The room’s center of attention was, instead, the television that stood in the opposite corner. It was a General Electric model, with perhaps a 12-inch screen. My brother and I watched our Saturday morning cartoons from the floor in front of it, while our mother periodically warned us to move away from the screen so we would not hurt our eyes. (For the record, I have never heard of an actual case of vision damage resulting from too-close viewing of Alvin and the Chipmunks.) In the evenings, our father came home tired from a day’s work. After he finished his supper, he commandeered the sofa, the television and the rest of the living room.

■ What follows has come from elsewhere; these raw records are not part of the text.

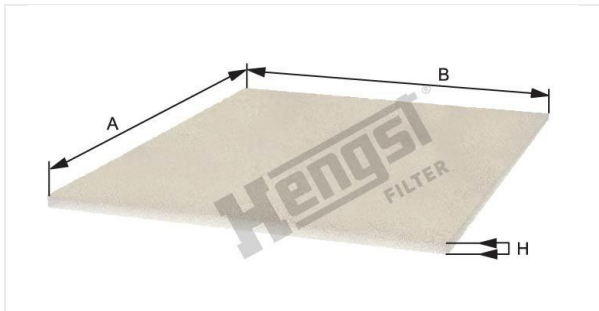

E3923LI

EDP

5750310000

EAN

4030776028911

mm

A	169.00
B	240.00
C	
D	
E	
F	
G	
H	6.00

One day in the late 1960s, when I was around 10, I finally opened those mysterious double doors and discovered a set of knobs and dials. It was a radio - a 1940s-vintage Philco “highboy,” as they used to call those cabinet-mounted receivers that stood atop four spindly legs. Of course I had to turn the knobs. At first nothing happened except a faint hum. Then the vacuum tubes warmed up, just like the ones in our TV, and soon the room filled with the familiar voices and music of New York City’s AM radio stations, but with a richer sound than I was accustomed to hearing. Even a child could tell the difference.
I never saw my parents use the living room radio. My mother preferred a simpler transistor model that she kept in the kitchen. The big cabinet arrived in their home shortly after their wedding in 1946. They had it in their first apartment in a walk-up building in the South Bronx. It traveled with them to Washington Heights in upper Manhattan, where I was born, and it moved back to the Bronx with us in 1960.
I had an amiable but not a close relationship with that radio for a couple of years. Some afternoons, I would listen to Yankees when I came home from school. In those days, many weekday baseball games were played in daylight, which seldom happens now. But when we moved across the Bronx to a new apartment in 1969, my parents gave away the Philco to another family in our old building. It would have been expensive to take with us, and as far as they were concerned, there was no point.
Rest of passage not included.